▸ WHAT YOU SHOULD DO
Go through the entries below and return every line that contains "Matt".
====== DATA TO PROCESS ======
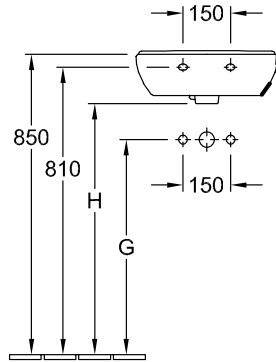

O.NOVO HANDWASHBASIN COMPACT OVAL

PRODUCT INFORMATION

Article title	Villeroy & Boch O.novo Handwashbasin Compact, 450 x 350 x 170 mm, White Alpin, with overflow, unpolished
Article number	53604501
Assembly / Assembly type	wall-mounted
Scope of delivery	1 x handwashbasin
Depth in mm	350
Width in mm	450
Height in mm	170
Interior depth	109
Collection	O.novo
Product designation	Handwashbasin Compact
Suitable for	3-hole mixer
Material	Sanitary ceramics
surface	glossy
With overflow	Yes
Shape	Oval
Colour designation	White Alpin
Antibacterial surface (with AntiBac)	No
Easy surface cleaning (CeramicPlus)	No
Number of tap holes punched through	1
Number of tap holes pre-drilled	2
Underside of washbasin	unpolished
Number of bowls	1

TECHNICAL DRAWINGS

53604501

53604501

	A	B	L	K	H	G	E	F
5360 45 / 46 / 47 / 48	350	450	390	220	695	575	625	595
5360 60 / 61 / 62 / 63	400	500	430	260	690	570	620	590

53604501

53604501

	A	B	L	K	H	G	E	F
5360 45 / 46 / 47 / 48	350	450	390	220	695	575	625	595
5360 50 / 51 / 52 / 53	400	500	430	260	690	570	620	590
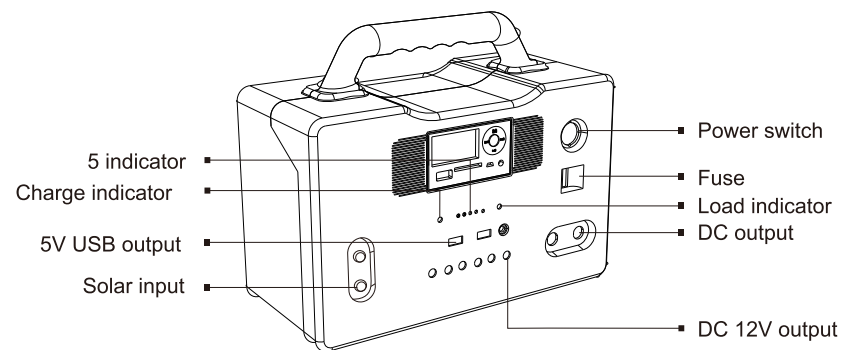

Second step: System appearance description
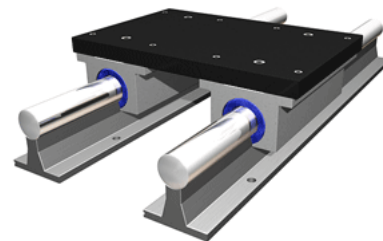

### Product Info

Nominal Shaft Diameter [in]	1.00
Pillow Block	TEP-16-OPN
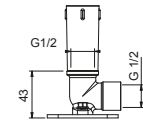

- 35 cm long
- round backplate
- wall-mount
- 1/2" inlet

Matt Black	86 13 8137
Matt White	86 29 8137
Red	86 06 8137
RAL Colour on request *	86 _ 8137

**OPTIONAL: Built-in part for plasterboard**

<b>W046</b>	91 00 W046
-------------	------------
======
====== DATA TO PROCESS ======
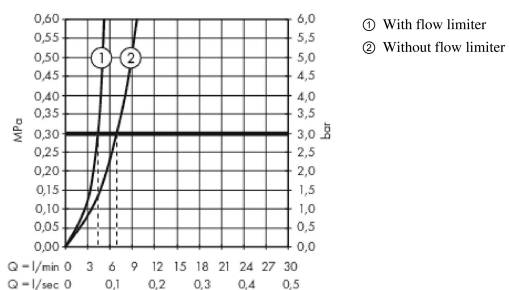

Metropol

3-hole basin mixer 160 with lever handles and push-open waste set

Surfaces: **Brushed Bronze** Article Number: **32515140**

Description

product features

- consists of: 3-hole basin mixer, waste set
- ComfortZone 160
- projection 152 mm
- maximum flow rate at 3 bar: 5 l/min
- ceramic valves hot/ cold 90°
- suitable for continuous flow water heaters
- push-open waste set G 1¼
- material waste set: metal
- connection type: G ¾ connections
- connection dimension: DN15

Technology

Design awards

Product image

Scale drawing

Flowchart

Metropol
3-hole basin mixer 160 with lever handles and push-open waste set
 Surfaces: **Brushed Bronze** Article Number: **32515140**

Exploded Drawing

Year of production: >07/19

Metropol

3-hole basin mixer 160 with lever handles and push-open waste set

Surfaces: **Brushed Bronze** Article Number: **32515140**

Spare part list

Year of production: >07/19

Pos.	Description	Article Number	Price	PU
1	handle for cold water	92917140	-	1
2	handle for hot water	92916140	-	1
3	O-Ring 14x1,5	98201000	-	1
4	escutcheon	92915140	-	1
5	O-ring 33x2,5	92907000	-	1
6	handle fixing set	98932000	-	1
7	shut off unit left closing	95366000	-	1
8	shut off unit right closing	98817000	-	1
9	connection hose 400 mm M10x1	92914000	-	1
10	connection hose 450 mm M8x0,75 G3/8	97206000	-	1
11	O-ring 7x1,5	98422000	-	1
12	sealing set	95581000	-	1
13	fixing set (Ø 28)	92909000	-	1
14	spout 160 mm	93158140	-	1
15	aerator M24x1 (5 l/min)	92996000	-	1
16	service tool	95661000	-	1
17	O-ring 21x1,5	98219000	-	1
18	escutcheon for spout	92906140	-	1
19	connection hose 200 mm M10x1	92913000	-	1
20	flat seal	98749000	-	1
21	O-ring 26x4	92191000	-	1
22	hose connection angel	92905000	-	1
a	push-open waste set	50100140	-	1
======
====== DATA TO PROCESS ======
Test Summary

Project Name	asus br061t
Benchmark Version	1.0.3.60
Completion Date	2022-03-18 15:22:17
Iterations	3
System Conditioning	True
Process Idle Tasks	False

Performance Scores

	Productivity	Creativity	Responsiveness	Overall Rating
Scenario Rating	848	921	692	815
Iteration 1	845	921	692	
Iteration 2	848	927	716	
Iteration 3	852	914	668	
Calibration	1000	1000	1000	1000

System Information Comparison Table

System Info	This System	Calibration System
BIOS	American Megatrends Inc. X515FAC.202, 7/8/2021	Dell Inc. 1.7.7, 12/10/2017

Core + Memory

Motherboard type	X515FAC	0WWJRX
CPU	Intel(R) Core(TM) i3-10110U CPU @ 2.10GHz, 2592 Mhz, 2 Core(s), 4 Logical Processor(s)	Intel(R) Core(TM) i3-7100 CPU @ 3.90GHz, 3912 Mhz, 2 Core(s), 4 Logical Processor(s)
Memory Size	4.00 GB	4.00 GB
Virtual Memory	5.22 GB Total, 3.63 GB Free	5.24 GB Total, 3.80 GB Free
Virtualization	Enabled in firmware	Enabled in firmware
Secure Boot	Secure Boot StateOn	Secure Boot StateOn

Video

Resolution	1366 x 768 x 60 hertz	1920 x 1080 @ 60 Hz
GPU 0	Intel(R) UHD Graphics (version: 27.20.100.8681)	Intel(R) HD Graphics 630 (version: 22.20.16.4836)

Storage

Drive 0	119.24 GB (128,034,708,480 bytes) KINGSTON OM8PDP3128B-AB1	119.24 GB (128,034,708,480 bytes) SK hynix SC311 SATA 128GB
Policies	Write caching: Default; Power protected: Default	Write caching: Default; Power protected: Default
======
▸ WRITTEN SOLUTION
Matt Black	86 13 8137
Matt White	86 29 8137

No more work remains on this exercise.